- The Washington Times - Thursday, January 17, 2008

Washington’s commercial property market will not be bad in 2008, just not as good as the past five years, several real estate executives predicted yesterday.

“It’ll take longer to do deals because a lot of people will take a wait-and-see attitude,” said Sandy Weiss, vice president of real estate firm Grubb & Ellis Co.

Ms. Weiss spoke during a meeting of Washington-area real estate executives at a downtown hotel.

All of them agreed that economic uncertainty caused by the collapse of the subprime mortgage market is depressing the tendency of companies to seek new office space and slowing sales of homes, especially condominiums.

Although the uncertainties hurt the ability of landlords to make a profit, “it could be that there are more concessions for tenants,” Ms. Weiss said.



The concessions are unlikely to include lower rents, which would stay high because of escalating construction costs and taxes, she said.
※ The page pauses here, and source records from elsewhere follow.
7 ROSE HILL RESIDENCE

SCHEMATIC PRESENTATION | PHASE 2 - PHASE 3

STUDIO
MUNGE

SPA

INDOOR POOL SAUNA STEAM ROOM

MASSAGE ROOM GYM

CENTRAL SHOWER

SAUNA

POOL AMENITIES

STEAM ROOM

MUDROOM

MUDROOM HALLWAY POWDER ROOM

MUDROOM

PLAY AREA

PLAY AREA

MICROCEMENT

Brendan R. Owen, chief leasing officer for Vornado/Charles E. Smith, said he noticed a decline in the Washington area’s commercial real estate market in the second half of 2007 as a credit crunch cut into the nation’s economy.
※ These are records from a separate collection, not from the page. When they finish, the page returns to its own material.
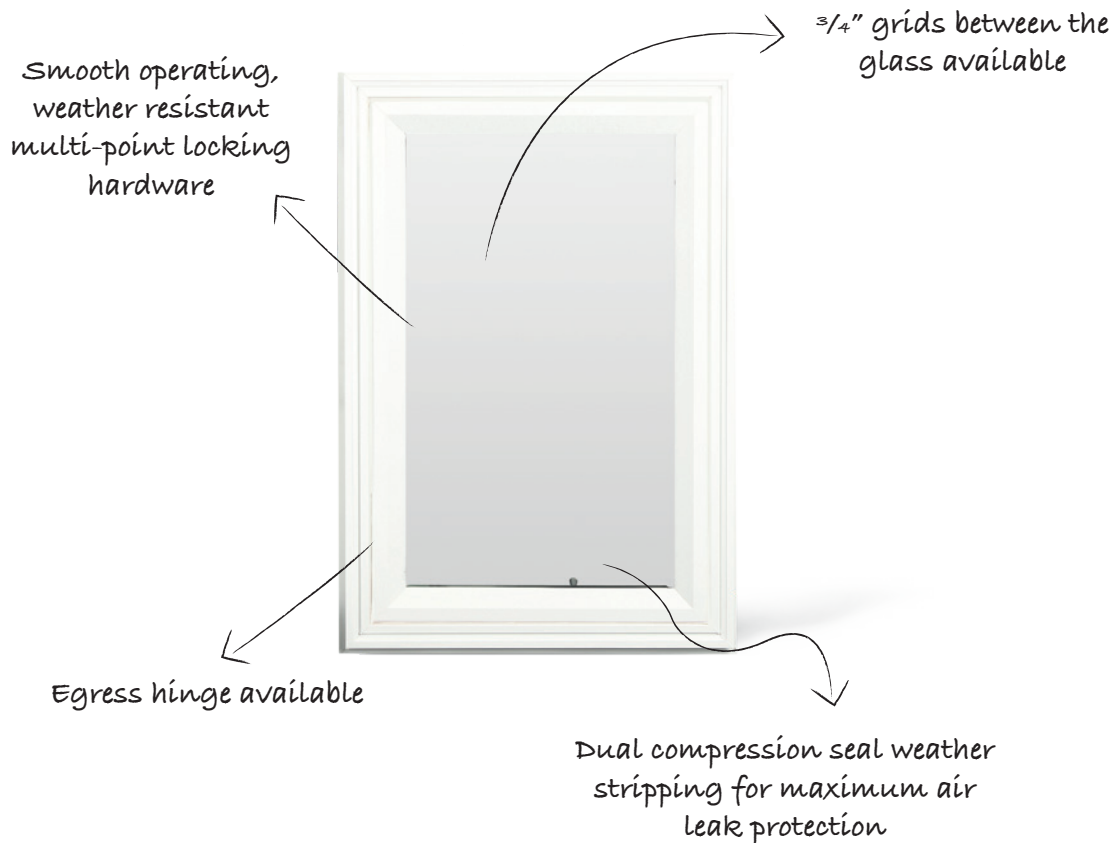

75 Series Vinyl Windows

Casement and Awning Window

High-Performance Features & Benefits

- Fusion-welded corners along with double wall frame provides added strength and insulation
- Pre-punched integral nail fin for easy installation
- Attractive brickmould exterior face with integral "J" channel blends with any architectural style
- Insect screen available (not intended as a safety screen to stop children from falling through an open window)
- $\frac{7}{8}$ ", 1- $\frac{1}{8}$ " or 2" SDL(simulated divided lite) available

Some typical casement/picture window grid patterns:

no grids

colonial

vertical

perimeter

diamond

Casement Window meets AAMA Grande 50 Performance and above.

Full family of Casement Awning, Direct Set Picture Window and Sash Set Picture Window

Sealed insulating glass with Duralite metal free insulating glass system maximizes thermal performance and reduces condensation. Available glass selection: Low E glass, obscure glass, tempered

glass, rain glass and gluechip glass. - 5/8" I-G Standard - 3/4" I-G Optional.
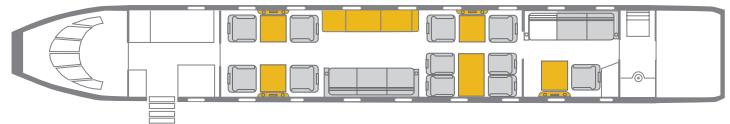

GULFSTREAM G650ER

FREE HIGH-SPEED KA BAND DOMESTIC & INTERNATIONAL INTERIOR FEATURES

- Seats 16 passengers
- Sleeps 6 passengers
- DVD Player / Airshow
- Flight Phone / 110V Outlets
- Full Forward Galley
- Convection Oven / Microwave
- Coffee Maker
- Forward and Aft Lavatories

PERFORMANCE* : Range (statute miles): 8055 - Cruising Speed (mph): 685
SPECIFICATIONS: Cabin Height: 6.4 ft, Width: 8.5 ft, Length: 46.8 ft - Baggage: 195 cu. ft

CONTACT SOLAIRUS TODAY TO BOOK YOUR NEXT CHARTER FLIGHT
800.359.7861 - CHARTER@SOLAIRUS.AERO - WWW.SOLAIRUS.AERO

“Returns have been dwindling,” he said.

However, only specific segments of Washington’s commercial real estate market are likely to suffer this year.

Demand for “trophy” buildings — defined as the top 2 percent in any market — in Washington’s central business district is strong enough that they would not be affected by the credit crunch, Mr. Owen said.

Owners of buildings slightly below the trophy level are “vulnerable” in their ability to attract and retain tenants, he said.

With the downtown area inundated by new construction and tenants in recent years, developers are looking to build in sections of the city where lower land prices make them ripe for new projects, he said.

Chief among them are the North of Massachusetts Avenue neighborhood, the area around the new Washington Nationals baseball stadium and the District’s Southwest Waterfront. That is where land is available, Mr. Owen said.

In the North of Massachusetts Avenue, or NOMA, neighborhood, landlords could offer rents $10 per square foot cheaper than the central business district but have equal amenities, he said. The only drawback is that tenants would need to travel a few blocks farther from NOMA’s location in Northeast to downtown instead of being centrally located.

Grubb & Ellis made similar predictions in its annual real estate forecast.

The District will be the region’s real estate pacesetter in 2008, the Grubb & Ellis report said.

“While there may be softening in some submarkets due to construction, core markets will remain very competitive,” the report said.

“Inside and outside the Beltway markets will function differently in 2008 but, taken together, Northern Virginia will remain one of the strongest commercial markets in the nation.

“Rental rates in suburban Maryland are expected to rise in 2008,” the report said. “Look for a boost in construction near Metrorail stations and in proposed development related to the Intercounty Connector.”